Hayatı boyunca senatörlük yapan Cicero, fiilen siyasi faaliyetin içinde yer alır, devletin düzeni, yönetim sistemleri ile ilgili pek çok metin yazar. Antik Yunan felsefecilerinden farklı olarak hem siyasetin içinde yer alır, hem de daha iyi bir devlet düzenini nasıl oluştururuz sorusuna yanıt arar. Monarşi, aristokrasi, demokrasi ve cumhuriyet sistemlerinin hepsinin olumlu ve olumuz yanlarını dile getirir. Monarşiye karşı, sınırlı bir demokrasiden yanadır, halkın eleştiri özgürlüğünü savunur ama halkın oyu ile yöneticilerin seçilmesi fikrine karşı durur.  Ona göre cahil halk yığınları doğru seçim yapamaz. Nitekim halk tarafından desteklenen Sezar’ın yöneticiliğine her zaman karşı çıkmıştır. Cumhuriyet, siyasal düşüncesine en yakın sistemdir. Siyasi bunalım içindeki Roma’da, “Cumhuriyeti nasıl koruyabiliriz?”in cevabını arar. Yönetimde bir bilge yöneticinin olması gerektiğini, bunu da aristokratlardan oluşan Senato’nun seçmesi gerektiğine inanır.

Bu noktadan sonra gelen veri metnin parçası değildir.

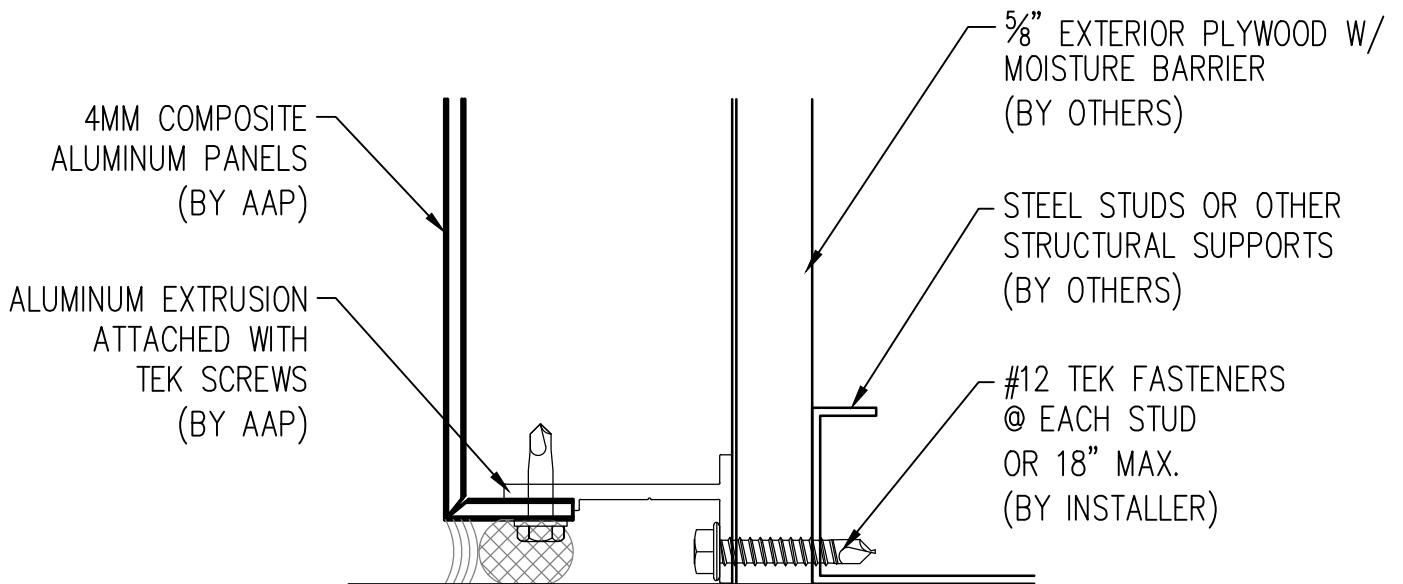

MARCH 2011

5
INSIDE CORNER

Abrams Architectural Products
7260 Delta Circle
Austell, GA 30168
Phone: 770.745.8728
Fax: 770.745.8839
www.abramssales.com

"MALE-FEMALE"
4MM COMPOSITE ALUMINUM
AAP-700

MARCH 2011

Genel olarak görüşleri Platon ve Aristoteles gibi, Romalı felsefeciler arasında yaygın bir görüş olan Stoacılığa dayanır.  Kendinden sonra yaşayan Romalı düşünürler, Hıristiyanlar ve özellikle Aziz Augustine üzerinde önemli etkiye sahip olur. Antik değerleri ve Romalıları Hıristiyanlara tanıtarak önemli bir entelektüel kanal oluşturmuştur.

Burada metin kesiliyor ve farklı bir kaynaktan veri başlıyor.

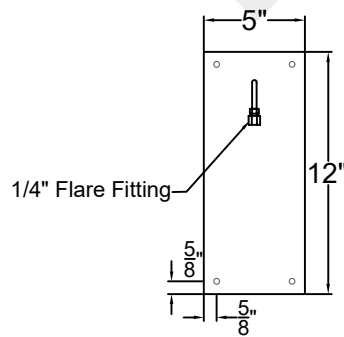

BILOXI MEDIUM WALL MOUNT HALF YOKE

Shortest Height $36\frac{1}{4}"$
Available w/ Solid
or Glass Top

Front View

Side View

Backplate

**St. James
LIGHTING**

SCALE: N.T.S.	DRAFT: Y. McCullough
FILE: BILM	APP'D: J. Ragan
JOB: X	DATE: 11/15/23

Lights are handcrafted.
Dimensions may vary by 1/4"

B.T.U. Rating
Natural Gas: 2730 B.T.U.
Propane: 2080 B.T.U.

BILOXI LARGE WALL MOUNT HALF YOKE

Shortest Height 46"
Available w/ Solid or
Glass Top

Front View

Side View

Backplate

St. James
LIGHTING

SCALE: N.T.S.	DRAFT: Y. McCullough
FILE: BILL	APP'D: J. Ragan
JOB: X	DATE: 11/15/23

Lights are handcrafted.
Dimensions may vary by 1/4"

B.T.U. Rating
Natural Gas: 2730 B.T.U.
Propane: 2080 B.T.U.

BILOXI GRANDE WALL MOUNT HALF YOKE

Shortest Height 50 ¹/₄"
Available w/ Solid or
Glass Top

Front View

Side View

Backplate

St. James
LIGHTING

SCALE: N.T.S.	DRAFT: Y. McCullough
FILE: BILM	APP'D: J. Ragan
JOB: X	DATE: 11/15/23

Cicero, yönetim sistemini sadece hukuki, yasalardan oluşan bir sistem olarak düşündüğünden görüşlerinde yanlış yanlar da yok değildir. Siyasi bunalımın sebebini, geleneklerden uzaklaşılması olarak görür. Çareyi yaşanan olayların olmadığı geçmişte arayarak, döneminin sorunlarının yapısını tam olarak kavrayamadığını da göstermiştir. Benzer görüşler, 21.yüzyılın başlarında, Faşist İtalya Döneminde İtalyan Ulusal Faşist Parti’nin lideri olan Mussolini’nin ‘rasyonalizm’ açıklamalarında da  görülür; Antik Roma değerlerine dönmek.  Oysa bu dönem (İ.Ö 1.yy) Roma’da önemli ekonomik güç dengelerinin değiştiği dönemdir ve  problemlerin kaynağı Roma’da ve diğer büyük şehirlerde emekçi sınıfların ekonomik güç olarak ortaya çıkması, sayıca gitgide büyümeleri, seslerini duyurmaları, haklar talep etmeleri ve bu büyümenin ortaya çıkardığı derin ekonomik sorunlardır.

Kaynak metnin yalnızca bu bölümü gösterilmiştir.